**Problem description:**
Write back every entry exactly as it reads, with the pictures left behind.
++++
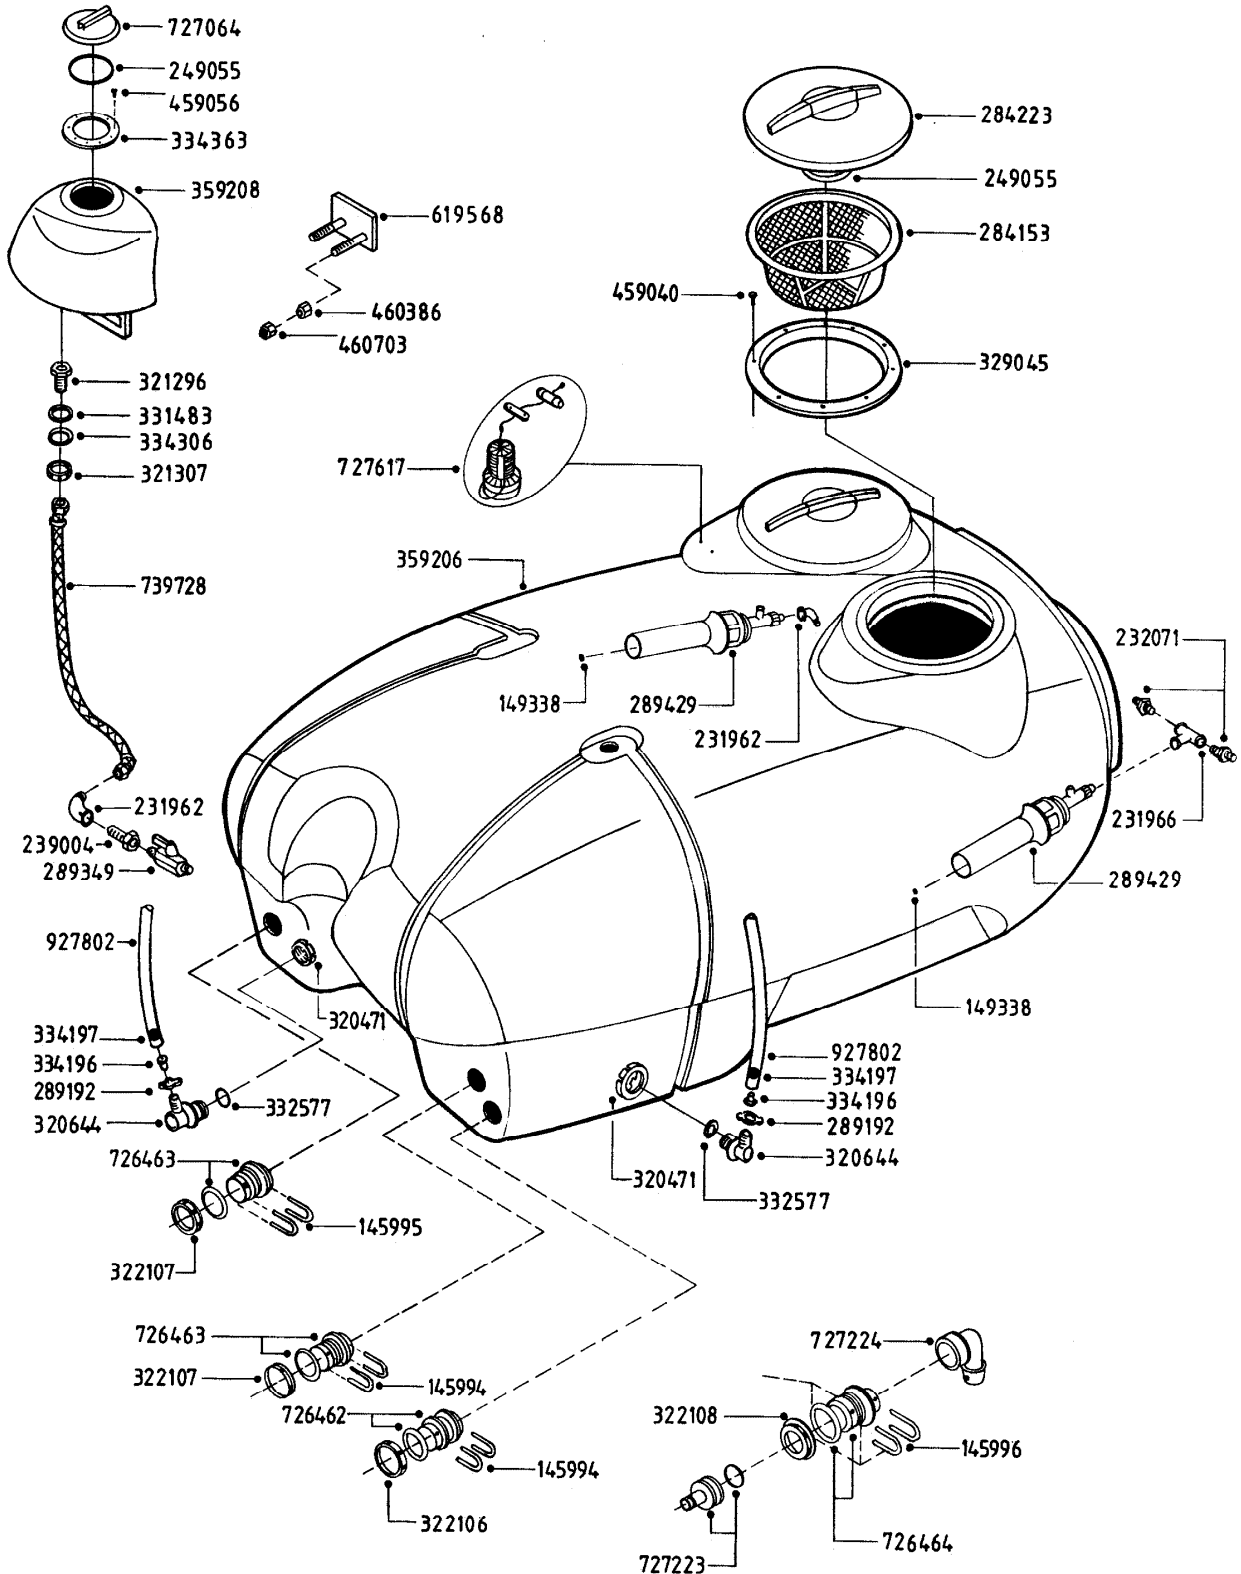

Tank MR3500
2_104, 20:9--:0

Page 1

Date 14.06.2010 14:30

parts-n°	order qty	description
145994	1	FITT.DK S-40 FORK
145995	1	FITT.DK S-53 FORK
145996	1	FITT.DK S-67 FORK
149338	1	INTERMIX JET 5MM
231962	1	ELBOW BRASS 1/2"
231966	1	T-PIECE 1/2' .....
232071	1	HEXAGON NIPPLE 1/2' .....
239045	1	RACPRD M-1/4 / H-3/8
249055	1	SEAL FOR LID
284153	1	TANK STRAINER D=454
284223	1	COMPLETE COVER D 454 .....
289192	1	HOSE CLIP 23-27
289349	1	BALL VALVE 3/8" M-H
289429	1	AGITATION INJECTOR DUAL INPUT
320471	1	FITT.DK NUT 1" BSP JAMB
320644	1	FITT.DK ELB.3/4"HB X 1" BSP
321296	1	FITT.DK BULKHEAD 1/2" BSP SING
321307	1	FITT.DK NUT 1/2" BSP JAMB
322106	1	FITT.DK S-40 BULKHEAD NUT
322107	1	FITT.DK S-53 BULKHEAD NUT
322108	1	FITT.DK S-67 BULKHEAD NUT
329004	1	PLUG F.OIL HOLE GEARBOX F.SPV
331483	1	WASHER RY-2
332577	1	O-RING D38/D30X4 F.1" PUR.
334196	1	PLUG F. LIQUID LEV. INDICATOR
334197	1	BALL F. LIQUID LEV. INDICATOR
334306	1	WASHER D22 PA
334363	1	RING FOR LID USE 10619803
359206	1	TANKMR-3500L
359208	1	CLEAN WATER TANK - MERCURY
459040	1	SCREW INOX 4.2X25 DIN7941
459056	1	SCREW3.9X16DIN7971
460386	1	NUT HEX M12X1.75
460703	1	NUT HEX M12X1.75 LOCK
619568	1	TANK SUPPORT BRACKET
726462	1	LEAD IN S 40 WITH O-RING
726463	1	FITT.DK S53 BULKHEAD W/GASKET
726464	1	FITT.DK S-67 BULKHEAD W/GASKET
727064	1	LID WITH AIRING D153 .....
727223	1	HOSE TAIL 1 1/2' W. O-RING
727224	1	FITT.DK S-67 ELB.1-1/2"
727617	1	FITT.DK S-93 BOTTOM VALVE 2'
739728	1	TEXOVINILHOSEUNITYD.10X800
927802	1	TRANSP.PVC HOSE 20X25
++++
**Exercise response:**
Tank MR3500
2_104, 20:9--:0

Page 1

Date 14.06.2010 14:30

parts-n°	order qty	description
145994	1	FITT.DK S-40 FORK
145995	1	FITT.DK S-53 FORK
145996	1	FITT.DK S-67 FORK
149338	1	INTERMIX JET 5MM
231962	1	ELBOW BRASS 1/2"
231966	1	T-PIECE 1/2' .....
232071	1	HEXAGON NIPPLE 1/2' .....
239045	1	RACPRD M-1/4 / H-3/8
249055	1	SEAL FOR LID
284153	1	TANK STRAINER D=454
284223	1	COMPLETE COVER D 454 .....
289192	1	HOSE CLIP 23-27
289349	1	BALL VALVE 3/8" M-H
289429	1	AGITATION INJECTOR DUAL INPUT
320471	1	FITT.DK NUT 1" BSP JAMB
320644	1	FITT.DK ELB.3/4"HB X 1" BSP
321296	1	FITT.DK BULKHEAD 1/2" BSP SING
321307	1	FITT.DK NUT 1/2" BSP JAMB
322106	1	FITT.DK S-40 BULKHEAD NUT
322107	1	FITT.DK S-53 BULKHEAD NUT
322108	1	FITT.DK S-67 BULKHEAD NUT
329004	1	PLUG F.OIL HOLE GEARBOX F.SPV
331483	1	WASHER RY-2
332577	1	O-RING D38/D30X4 F.1" PUR.
334196	1	PLUG F. LIQUID LEV. INDICATOR
334197	1	BALL F. LIQUID LEV. INDICATOR
334306	1	WASHER D22 PA
334363	1	RING FOR LID USE 10619803
359206	1	TANKMR-3500L
359208	1	CLEAN WATER TANK - MERCURY
459040	1	SCREW INOX 4.2X25 DIN7941
459056	1	SCREW3.9X16DIN7971
460386	1	NUT HEX M12X1.75
460703	1	NUT HEX M12X1.75 LOCK
619568	1	TANK SUPPORT BRACKET
726462	1	LEAD IN S 40 WITH O-RING
726463	1	FITT.DK S53 BULKHEAD W/GASKET
726464	1	FITT.DK S-67 BULKHEAD W/GASKET
727064	1	LID WITH AIRING D153 .....
727223	1	HOSE TAIL 1 1/2' W. O-RING
727224	1	FITT.DK S-67 ELB.1-1/2"
727617	1	FITT.DK S-93 BOTTOM VALVE 2'
739728	1	TEXOVINILHOSEUNITYD.10X800
927802	1	TRANSP.PVC HOSE 20X25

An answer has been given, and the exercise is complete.